§ **WORK REQUEST**:
Nothing but the lines from the one that contains "momento dell'ordine" to the end of the records should be printed, both ends included, exactly as given.

§ **RAW DATA**:
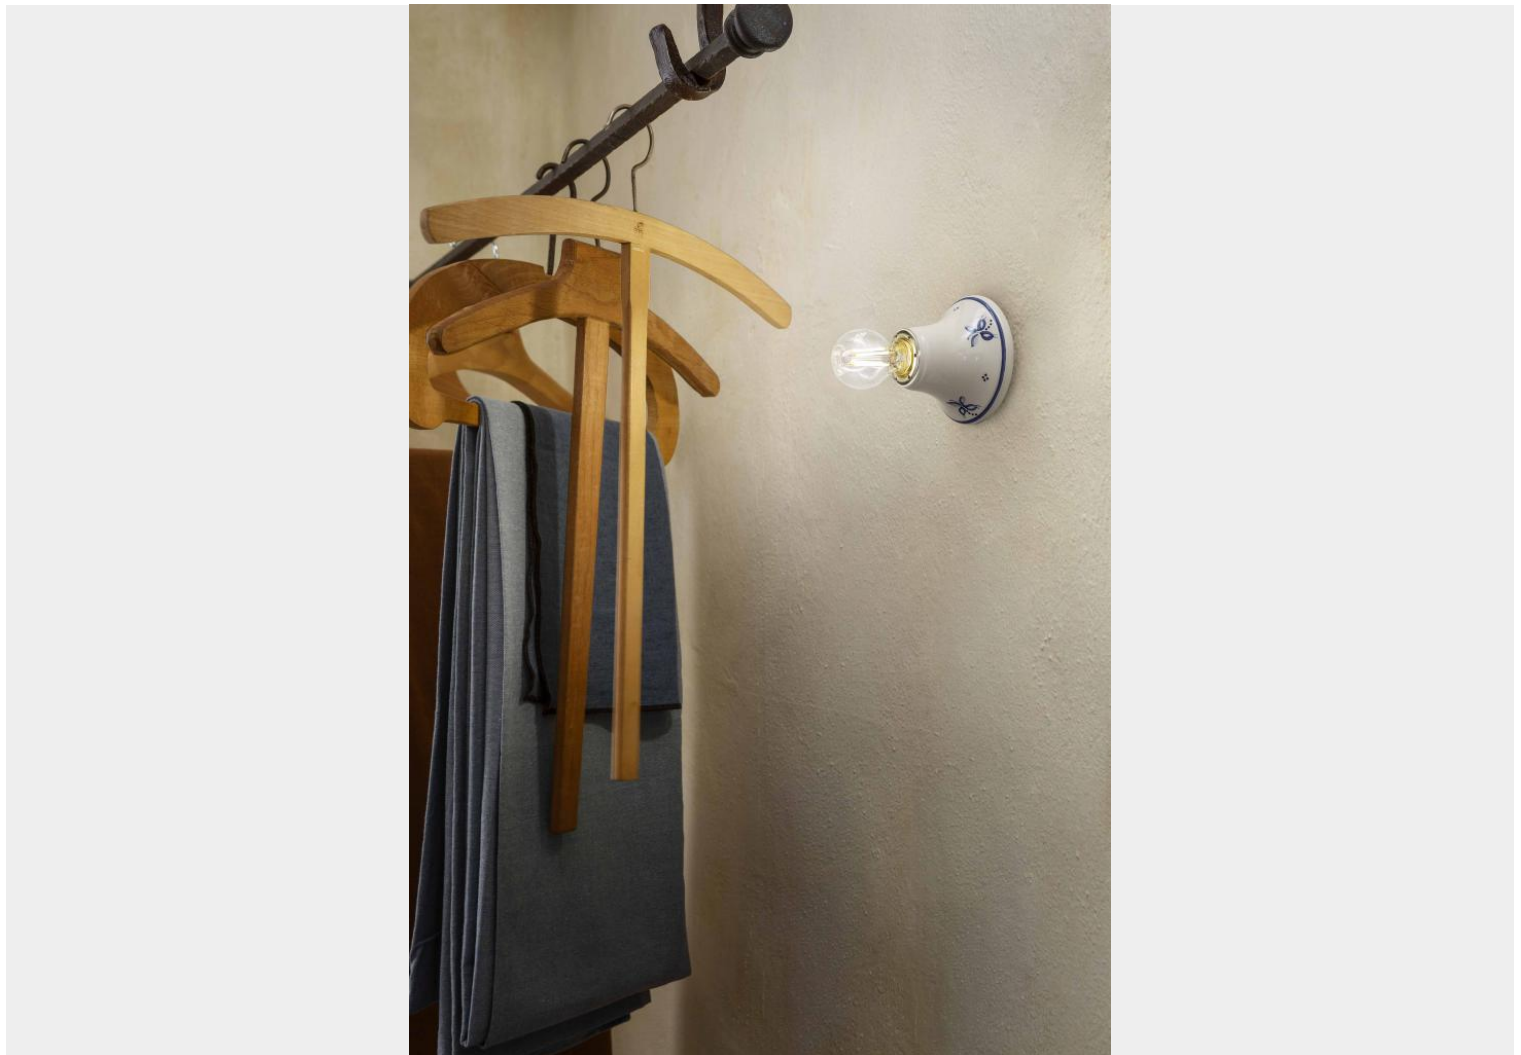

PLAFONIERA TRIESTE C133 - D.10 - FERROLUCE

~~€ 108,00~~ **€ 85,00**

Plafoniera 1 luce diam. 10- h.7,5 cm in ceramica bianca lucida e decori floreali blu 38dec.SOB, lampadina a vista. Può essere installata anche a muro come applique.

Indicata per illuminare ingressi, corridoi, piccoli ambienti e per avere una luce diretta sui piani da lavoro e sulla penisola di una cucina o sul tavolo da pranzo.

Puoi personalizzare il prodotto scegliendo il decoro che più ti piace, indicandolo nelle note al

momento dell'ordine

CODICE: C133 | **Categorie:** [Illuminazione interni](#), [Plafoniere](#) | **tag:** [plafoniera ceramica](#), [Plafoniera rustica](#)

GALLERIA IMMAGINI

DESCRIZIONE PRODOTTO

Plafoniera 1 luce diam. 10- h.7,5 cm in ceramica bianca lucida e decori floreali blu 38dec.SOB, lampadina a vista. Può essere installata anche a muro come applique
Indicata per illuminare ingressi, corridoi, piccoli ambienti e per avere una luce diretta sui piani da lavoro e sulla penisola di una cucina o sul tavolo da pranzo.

§ **SOLUTION TO THIS TASK**:
momento dell'ordine

CODICE: C133 | **Categorie:** [Illuminazione interni](#), [Plafoniere](#) | **tag:** [plafoniera ceramica](#), [Plafoniera rustica](#)

GALLERIA IMMAGINI

DESCRIZIONE PRODOTTO

Plafoniera 1 luce diam. 10- h.7,5 cm in ceramica bianca lucida e decori floreali blu 38dec.SOB, lampadina a vista. Può essere installata anche a muro come applique
Indicata per illuminare ingressi, corridoi, piccoli ambienti e per avere una luce diretta sui piani da lavoro e sulla penisola di una cucina o sul tavolo da pranzo.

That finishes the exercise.